*** Material supplied ***

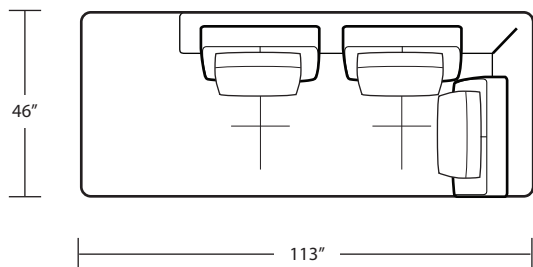

RAF 1 Arm Studio Sofa

LAF 1 Arm Chair

RAF 1 Arm Chaise

RAF 1 Arm Chair

LAF 1 Arm Circle Chaise

LAF 1 Arm Chaise

RAF 1 Arm Circle Chaise

TOP VIEW SCALE: 1/4" = 1 FOOT
SEAT DEPTH MAY VARY DEPENDING ON BACK PILLOW PLACEMENT
ALL DIMENSIONS ARE APPROXIMATE AND SUBJECT TO CHANGE

LAF 1 Arm Island

RSF Bumper

RAF 1 Arm Island

Armless Sofa

LSF Bumper

Armless Studio Sofa

Armless Chair

Square Corner
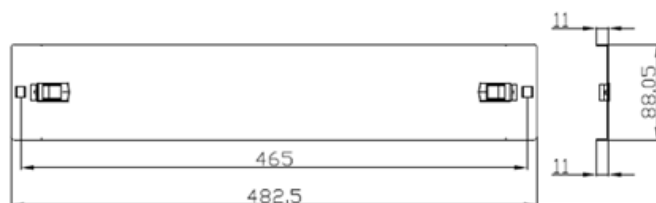

### DESCRIPTION:

Netshop 19inch Toolless Blanking Panels are designed to simply clip into position, as these blanking panels do not require additional tools or fixings to remove or replace them. These are available in 1u, 2u and 4u

### TECHNICAL DRAWING

1u

2u

4u
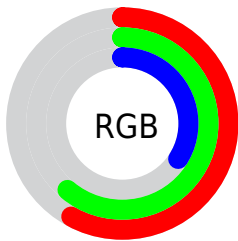

Distribution

- Red (58%)
- Green (61%)
- Blue (34%)
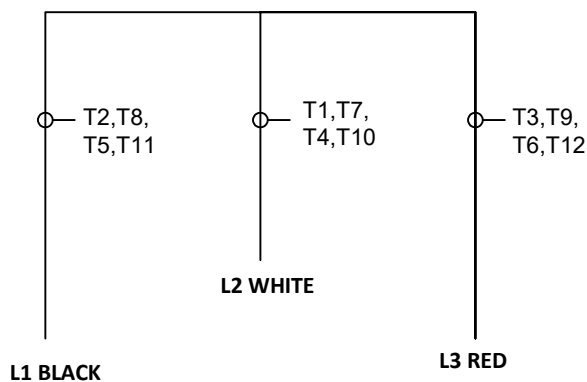

TO REVERSE ROTATION

INTERCHANGE ANY 2 LINE WIRES TO REVERSE THE ROTATION

ROBERTS GORDON- EP200 SERIES VACUUM PUMP

PART # 90604501 - WEG MOTOR, REPLACEMENT AND OEM

AMPERAGE CHANGE FROM PREVIOUS MOTOR
208/230V, 2.4-2.2A - 460V, 1.1A
3/4HP (0.55 KW)
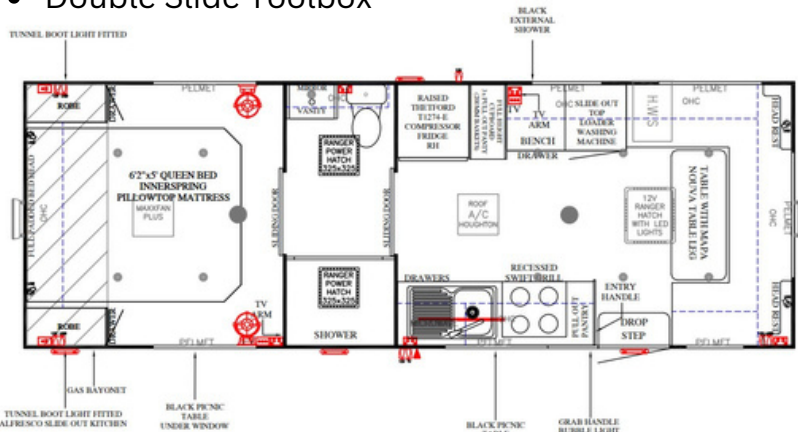

### Plumbing Features

- 2 X 95L Water Tanks
- 1 Drinking Water Tank
- 1 x 95L Grey Water Tanks
- Fast Fill and Lockable Water Cap
- External Shower
- Gas Boyonet
- Top Load Washing Machine
- Thetford 274L Compressor Fridge
- Recessed Swift 1 X Electric 3 Gas Burner & Grill
- Thetford Porcelain Toilet
- Swift Gas & Electric Hot Water System

## Electrical features

- Slimline Roof Air Conditioner
- Digital Winegard Antenna
- 12 Volt Flatscreen TV
- 2 X External Marine Speakers
- 2 X Internal Speakers
- 2 X 170 Watt Solar Panels
- 2 X 120AMP/HR AGM Batteries
- 3 X Annex Lights
- Rear View Camera with supplied Car Monitor
- External Power 12 V and TV Point
- Power Point 12V and USB under Dinette
- Setec Battery Management System to OHC
- LED Light over sink & vanity
- 2 X 12 V Fans
- Bubble Door Entry Light

## Exterior Features

- Composite Ally Cladding
- Black Checker Plate to front, side & rear
- Roll out Awning with Centre Cradle
- Double Glazed Windows with Blockout Blinds & Flyscreens
- Triple Lock Security Door
- Fan Hatch above bed
- 2 X Exhaust Hatches to Ensuite
- 2 X Picnic Table with light
- Stainless Steel Grab Handles
- Slide Out BBQ
- Double Slide Toolbox

## Interior Features

- Rolled Benchtops
- 2 X Large Pot Draws
- Pillow Top Innerspring Mattress 6'2 x 5'
- Robe cut out for storage
- Soft close Draw Runners
- Soft close Gas Struts to OHC
- Composite Ally Splash Back
- Ensuite Door
- Towel Rail & Toilet Roll Holder
- Fully Moulded Shower Cubicle
- Cafe Dinette with Tri Fold Table & Head Rests.
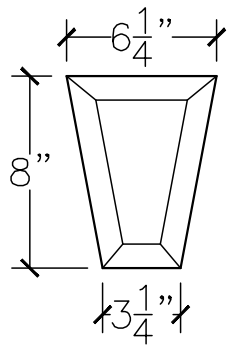

JOB:	MOLD: CK-80
BAY# 175	STONE COLOR:
DATE:	SCALE: $1\frac{1}{2}'' = 12''$ NEED:

TOP VIEW

FRONT VIEW

SECTION VIEW
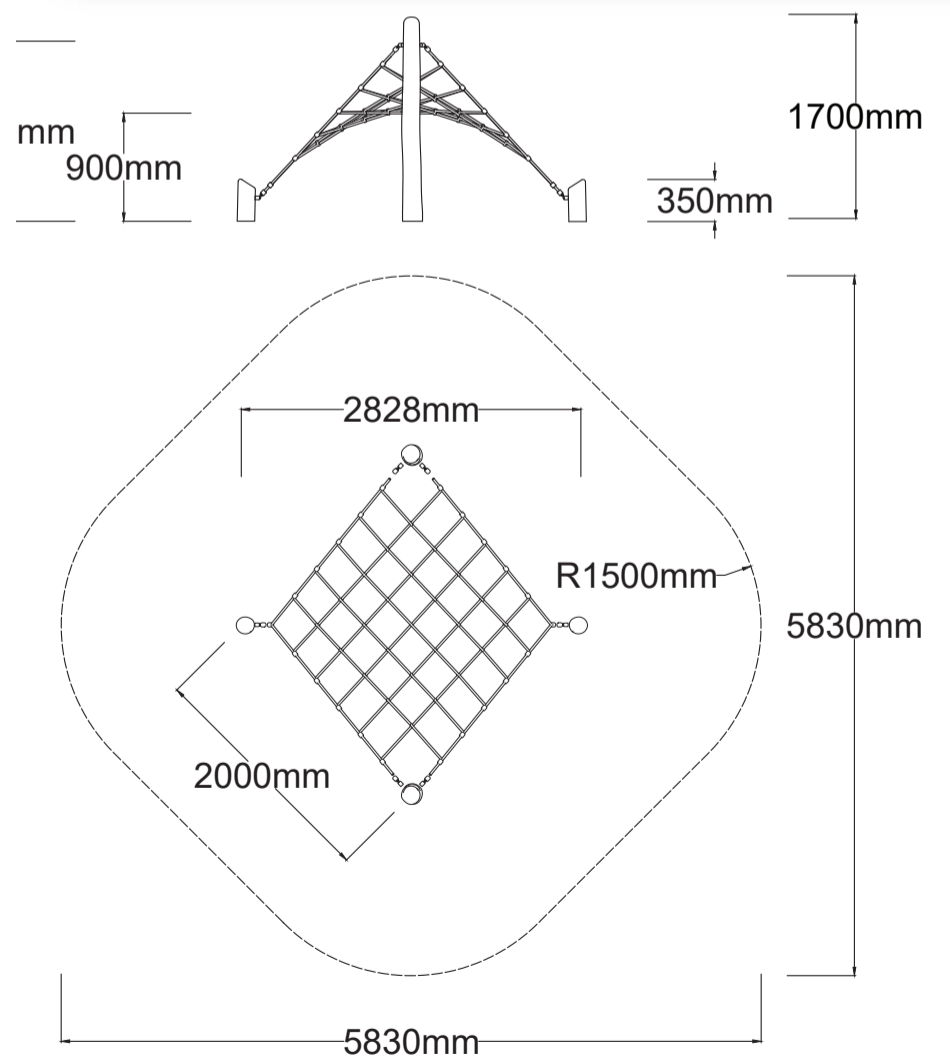

Check our [Rope and Powdercoat colours](#) in our materials section or consult colours with [Kaebel Leisure](#).

Specifications

Max Height	1.70m
Fallzone Area	25m ²
Max Fall Height	1.50m
Equipment Size	2.0m(w) x 2.0m(l) x 1.70m(h)

Materials | Equipment

Natural timber post
16mm steel reinforced rope
Natural Timbers is processed through sustainable forestry practices, with timber sourced from Forestry NSW under the Sustainable Managed Forest Policy.
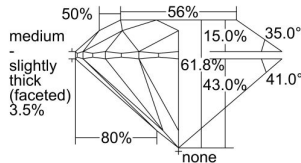

GIA®

FACSIMILE

GIA REPORT 6311974531

Verify this report at GIA.edu

GIA NATURAL DIAMOND DOSSIER®

February 13, 2019
GIA Report Number 6311974531
Shape and Cutting Style ..... Round Brilliant
Measurements ..... 3.65 - 3.66 x 2.26 mm

GRADING RESULTS

Carat Weight ..... 0.18 carat
Color Grade ..... E
Clarity Grade VS1
Cut Grade ..... Excellent

ADDITIONAL GRADING INFORMATION

Polish ..... Excellent
Symmetry ..... Excellent
Fluorescence ..... Faint
Clarity Characteristics ..... Crystal, Pinpoint
Inscription(s): GIA 6311974531

PROPORTIONS

Profile to actual proportions

GRADING SCALES

GIA COLOR SCALE	GIA CLARITY SCALE	GIA CUT SCALE	
D	FLAWLESS	EXCELLENT	
E	INTERNALLY FLAWLESS		
F		VVS₁	VERY GOOD
G	VVS₂		
H	VS₁	GOOD	
I	VS₂		
J	SI₁	FAIR	
K	SI₂		
L	I₁	POOR	
M			
N	I₂		
O			
P	I₃		
Q			
R			
S			
T			
U			
V			
W			
X			
Y			
Z
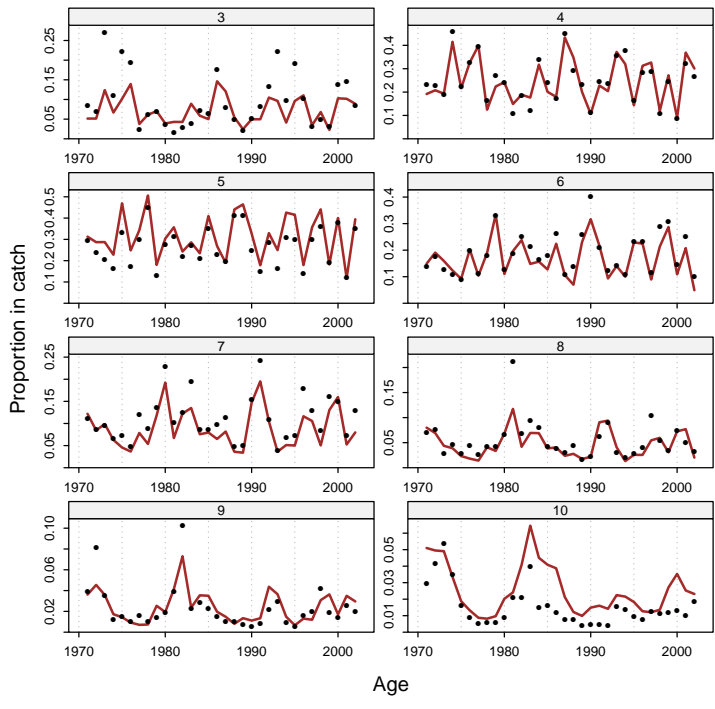

The **scape** gallery

Arni Magnusson

June 20, 2017

Contents

1	Overview	2
2	plotB	3
3	plotCA	4
4	plotCL	7
5	plotIndex	10
6	plotLA	12
7	plotN	14
8	plotSel	17

scape, n. *A view of scenery of any kind, whether consisting of land, water, cloud, or anything else.*

—Oxford English Dictionary

1 Overview

This vignette is only a series of plots, demonstrating how the **scape** plot examples look in a PDF document, as opposed to the default graphics device. Useful for package maintenance and as a visual overview of the package.

A general introduction to the **scape** and **plotMCMC** packages is in the vignette `R goes fishing`.

2 plotB

3 plotCA

4 plotCL

5 plotIndex

6 plotLA

7 plotN

8 plotSel
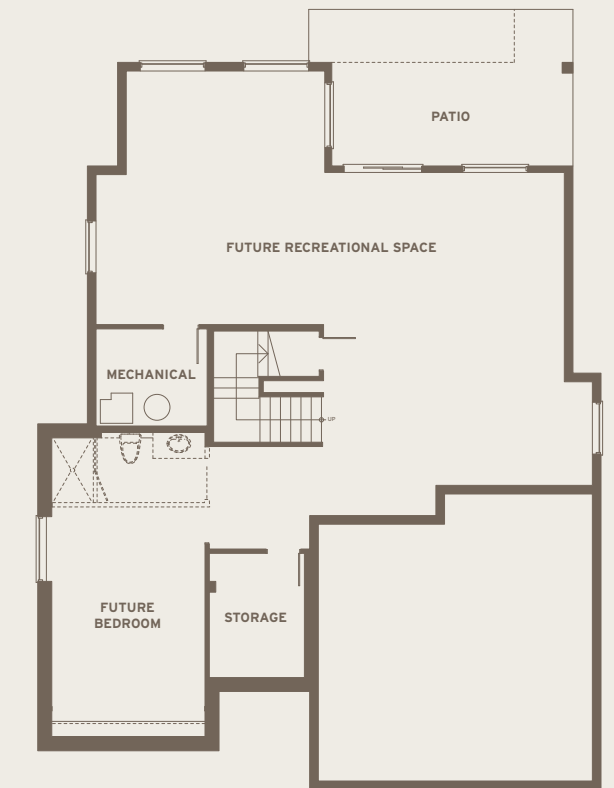

BIRCHWOOD ESTATES

AT THE FOOTHILLS

The Chelsea

Total Home Size: 4,365 sq ft (Including Basement)

BIRCHWOOD ESTATES

AT THE FOOTHILLS

Main Level 1,557 sq ft

Upper Level 1,260 sq ft

Basement Level 1,548 sq ft (Unfinished)
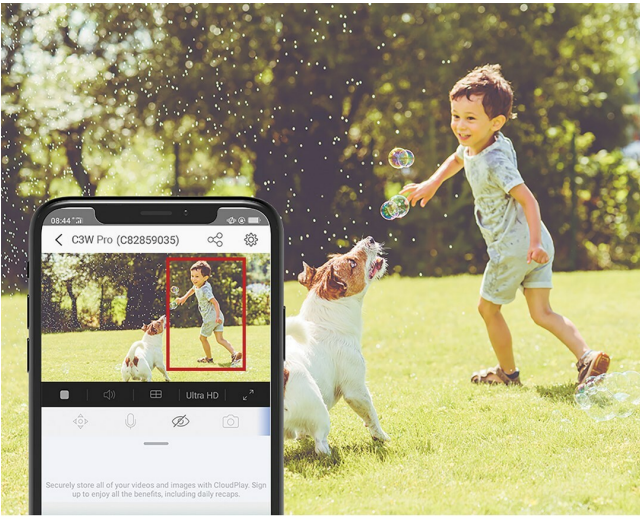

## Zdjęcia

AI-Powered Person Detection

Spotlights for making color imaging and offering outdoor lighting

3 different vision modes

Customizable Voice Alerts
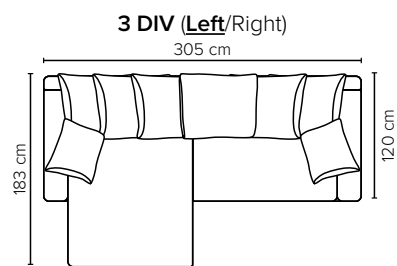

COMBINATIONS

Choose from available sofa models

MODULES

Design your own sofa

bellus®
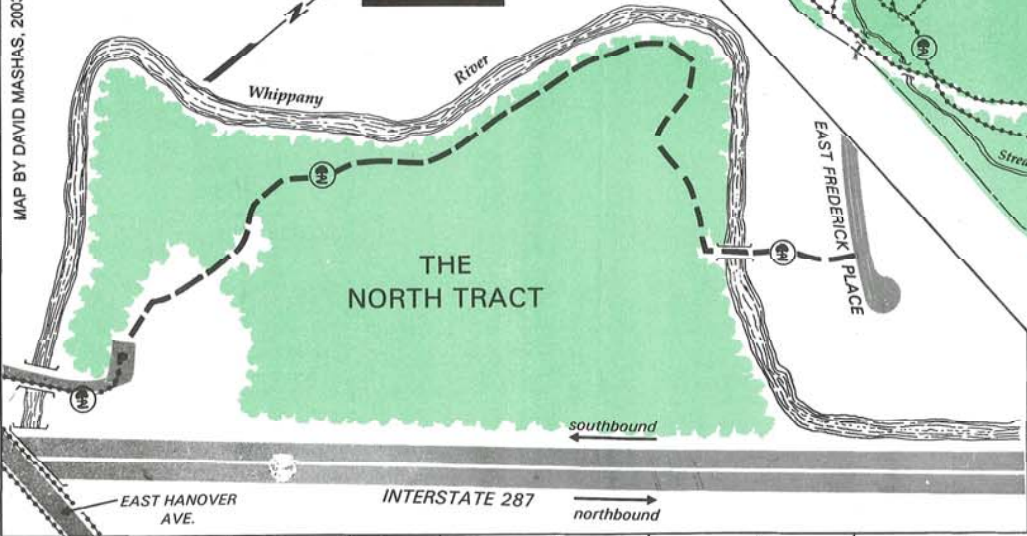

MAP INSERT

MAP BY DAVID MASHAS, 2003

TRAIL BLAZE KEY

- Trail begins.
- Trail continues.
- Turn right.
- Turn left.
- Trail ends.
- EMERGENCIES
Park Police (973)326-7654

**MORRIS COUNTY PARK COMMISSION
FRELINGHUYSEN
ARBORETUM**

- public road
- authorized vehicle/foot traffic
- bike/foot traffic
- foot traffic only
- self-guiding blue trail
- self-guiding red trail
- public parking
- Patriot's Path marker
- wooded area

SCALE IN FEET

*** End of Material supplied ***

Your objective: The answer must consist solely of the lines from the first line of the records through the line containing "- 1 x 95L Grey Water Tanks", reproduced exactly and without the pictures.

Response:
RAF 1 Arm Studio Sofa

LAF 1 Arm Chair

RAF 1 Arm Chaise

RAF 1 Arm Chair

LAF 1 Arm Circle Chaise

LAF 1 Arm Chaise

RAF 1 Arm Circle Chaise

TOP VIEW SCALE: 1/4" = 1 FOOT
SEAT DEPTH MAY VARY DEPENDING ON BACK PILLOW PLACEMENT
ALL DIMENSIONS ARE APPROXIMATE AND SUBJECT TO CHANGE

LAF 1 Arm Island

RSF Bumper

RAF 1 Arm Island

Armless Sofa

LSF Bumper

Armless Studio Sofa

Armless Chair

Square Corner

### DESCRIPTION:

Netshop 19inch Toolless Blanking Panels are designed to simply clip into position, as these blanking panels do not require additional tools or fixings to remove or replace them. These are available in 1u, 2u and 4u

### TECHNICAL DRAWING

1u

2u

4u

Distribution

- Red (58%)
- Green (61%)
- Blue (34%)

TO REVERSE ROTATION

INTERCHANGE ANY 2 LINE WIRES TO REVERSE THE ROTATION

ROBERTS GORDON- EP200 SERIES VACUUM PUMP

PART # 90604501 - WEG MOTOR, REPLACEMENT AND OEM

AMPERAGE CHANGE FROM PREVIOUS MOTOR
208/230V, 2.4-2.2A - 460V, 1.1A
3/4HP (0.55 KW)

### Plumbing Features

- 2 X 95L Water Tanks
- 1 Drinking Water Tank
- 1 x 95L Grey Water Tanks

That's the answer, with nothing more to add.